Records excerpted from a collection:
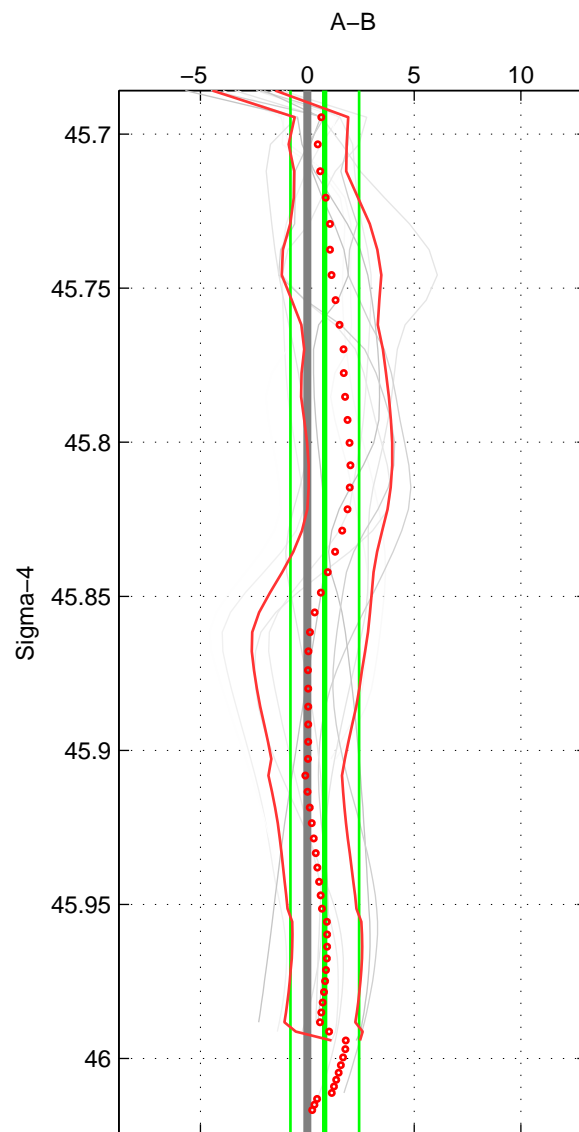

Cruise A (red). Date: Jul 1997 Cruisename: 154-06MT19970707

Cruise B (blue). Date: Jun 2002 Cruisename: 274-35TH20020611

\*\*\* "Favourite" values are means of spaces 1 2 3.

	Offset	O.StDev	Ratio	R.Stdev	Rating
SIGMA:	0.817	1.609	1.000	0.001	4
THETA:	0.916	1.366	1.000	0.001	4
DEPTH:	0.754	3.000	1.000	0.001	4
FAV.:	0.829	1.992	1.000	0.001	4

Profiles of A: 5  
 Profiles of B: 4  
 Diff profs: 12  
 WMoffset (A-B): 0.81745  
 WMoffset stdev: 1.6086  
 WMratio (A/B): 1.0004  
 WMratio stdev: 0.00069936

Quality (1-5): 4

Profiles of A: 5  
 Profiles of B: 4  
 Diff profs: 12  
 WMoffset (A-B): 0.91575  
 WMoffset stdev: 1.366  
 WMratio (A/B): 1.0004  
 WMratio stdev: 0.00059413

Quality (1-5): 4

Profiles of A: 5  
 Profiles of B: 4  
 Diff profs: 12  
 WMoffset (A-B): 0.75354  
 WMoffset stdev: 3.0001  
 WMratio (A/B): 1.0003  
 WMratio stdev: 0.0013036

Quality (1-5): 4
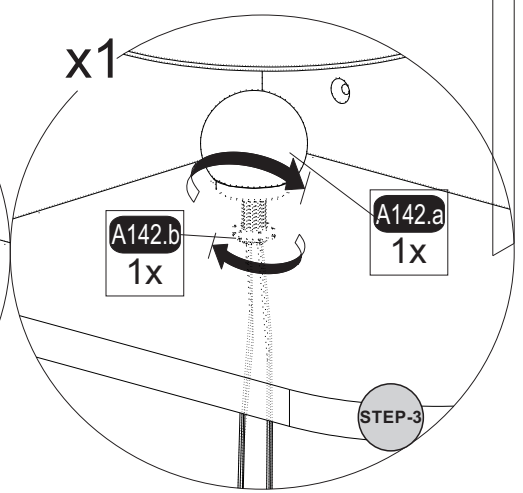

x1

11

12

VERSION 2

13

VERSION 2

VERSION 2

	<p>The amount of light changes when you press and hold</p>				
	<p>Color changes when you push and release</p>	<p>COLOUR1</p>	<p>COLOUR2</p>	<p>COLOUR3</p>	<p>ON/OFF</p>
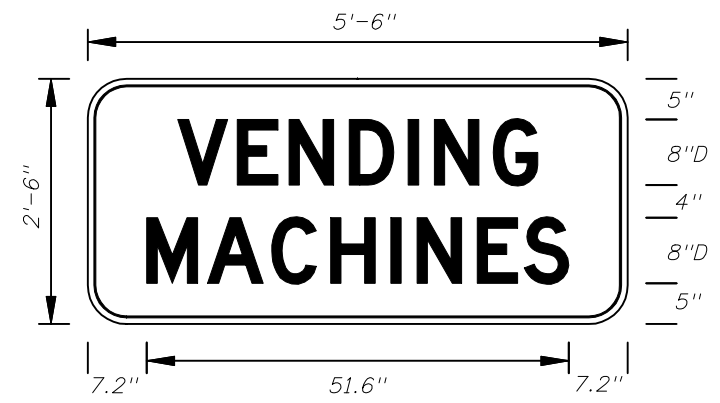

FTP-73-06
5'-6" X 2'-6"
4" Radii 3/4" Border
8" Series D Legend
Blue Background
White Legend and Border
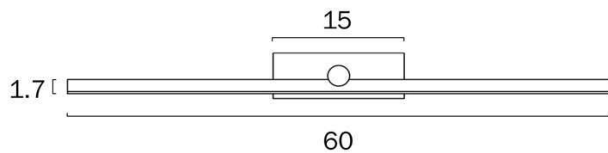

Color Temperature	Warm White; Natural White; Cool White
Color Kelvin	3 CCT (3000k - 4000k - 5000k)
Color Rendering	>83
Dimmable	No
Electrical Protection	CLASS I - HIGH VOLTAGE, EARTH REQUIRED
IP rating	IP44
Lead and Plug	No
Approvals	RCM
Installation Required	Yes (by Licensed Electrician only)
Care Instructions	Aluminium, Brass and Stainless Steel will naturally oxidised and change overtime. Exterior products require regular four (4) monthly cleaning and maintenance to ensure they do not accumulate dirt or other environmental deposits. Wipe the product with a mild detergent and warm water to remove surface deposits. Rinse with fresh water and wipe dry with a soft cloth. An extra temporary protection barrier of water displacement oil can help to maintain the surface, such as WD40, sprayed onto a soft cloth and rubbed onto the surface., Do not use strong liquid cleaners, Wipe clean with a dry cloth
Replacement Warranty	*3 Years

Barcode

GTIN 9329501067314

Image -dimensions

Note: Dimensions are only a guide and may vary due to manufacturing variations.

▶ _Problem to solve_:
Repeat the records in full, precisely, and keep the pictures out.

▶ _Written answer_:
Cruise A (red). Date: Jul 1997 Cruisename: 154-06MT19970707

Cruise B (blue). Date: Jun 2002 Cruisename: 274-35TH20020611

\*\*\* "Favourite" values are means of spaces 1 2 3.

	Offset	O.StDev	Ratio	R.Stdev	Rating
SIGMA:	0.817	1.609	1.000	0.001	4
THETA:	0.916	1.366	1.000	0.001	4
DEPTH:	0.754	3.000	1.000	0.001	4
FAV.:	0.829	1.992	1.000	0.001	4

Profiles of A: 5  
 Profiles of B: 4  
 Diff profs: 12  
 WMoffset (A-B): 0.81745  
 WMoffset stdev: 1.6086  
 WMratio (A/B): 1.0004  
 WMratio stdev: 0.00069936

Quality (1-5): 4

Profiles of A: 5  
 Profiles of B: 4  
 Diff profs: 12  
 WMoffset (A-B): 0.91575  
 WMoffset stdev: 1.366  
 WMratio (A/B): 1.0004  
 WMratio stdev: 0.00059413

Quality (1-5): 4

Profiles of A: 5  
 Profiles of B: 4  
 Diff profs: 12  
 WMoffset (A-B): 0.75354  
 WMoffset stdev: 3.0001  
 WMratio (A/B): 1.0003  
 WMratio stdev: 0.0013036

Quality (1-5): 4

x1

11

12

VERSION 2

13

VERSION 2

VERSION 2

	<p>The amount of light changes when you press and hold</p>				
	<p>Color changes when you push and release</p>	<p>COLOUR1</p>	<p>COLOUR2</p>	<p>COLOUR3</p>	<p>ON/OFF</p>

FTP-73-06
5'-6" X 2'-6"
4" Radii 3/4" Border
8" Series D Legend
Blue Background
White Legend and Border

Color Temperature	Warm White; Natural White; Cool White
Color Kelvin	3 CCT (3000k - 4000k - 5000k)
Color Rendering	>83
Dimmable	No
Electrical Protection	CLASS I - HIGH VOLTAGE, EARTH REQUIRED
IP rating	IP44
Lead and Plug	No
Approvals	RCM
Installation Required	Yes (by Licensed Electrician only)
Care Instructions	Aluminium, Brass and Stainless Steel will naturally oxidised and change overtime. Exterior products require regular four (4) monthly cleaning and maintenance to ensure they do not accumulate dirt or other environmental deposits. Wipe the product with a mild detergent and warm water to remove surface deposits. Rinse with fresh water and wipe dry with a soft cloth. An extra temporary protection barrier of water displacement oil can help to maintain the surface, such as WD40, sprayed onto a soft cloth and rubbed onto the surface., Do not use strong liquid cleaners, Wipe clean with a dry cloth
Replacement Warranty	*3 Years

Barcode

GTIN 9329501067314

Image -dimensions

Note: Dimensions are only a guide and may vary due to manufacturing variations.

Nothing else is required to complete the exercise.